PROMPT >>
Give back the line containing "площа - 50,07 м<sup>2</sup>" along with every line after it, exactly, until the entries end.

WORKING DATA >>
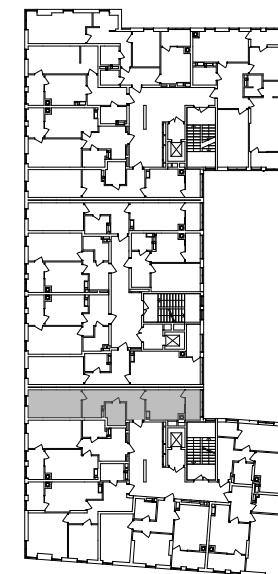

№ 1.1.3.7  
поверх - 7  
площа - 50,07 м<sup>2</sup>  
висота - 3.0 м

черга 10

ПН

кв. №

поверх

інвестор

м. Обухів  
Київська область  
Мікрорайон Обухівський Ключ, 1-А  
+38 067 463 41 40

TASK RESPONSE >>
площа - 50,07 м<sup>2</sup>  
висота - 3.0 м

черга 10

ПН

кв. №

поверх

інвестор

м. Обухів  
Київська область  
Мікрорайон Обухівський Ключ, 1-А  
+38 067 463 41 40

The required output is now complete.